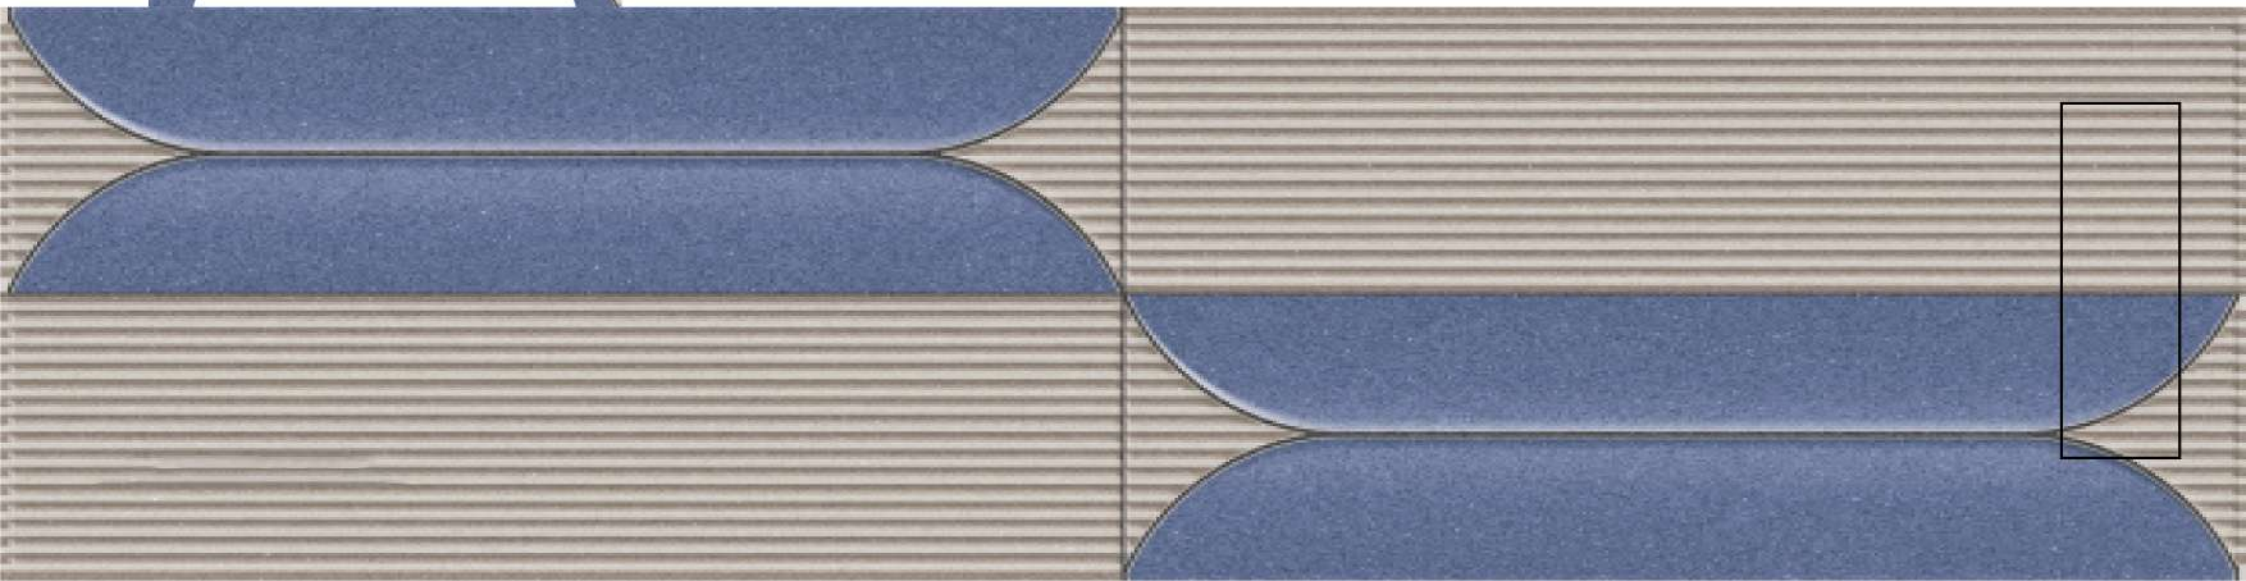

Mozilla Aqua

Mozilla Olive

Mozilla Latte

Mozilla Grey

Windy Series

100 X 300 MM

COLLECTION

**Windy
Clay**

GOAL OF THE EXERCISE. Return all of the records above exactly as written. Omit each picture.

REPLY TO THE TASK.
Mozilla Aqua

Mozilla Olive

Mozilla Latte

Mozilla Grey

Windy Series

100 X 300 MM

COLLECTION

**Windy
Clay**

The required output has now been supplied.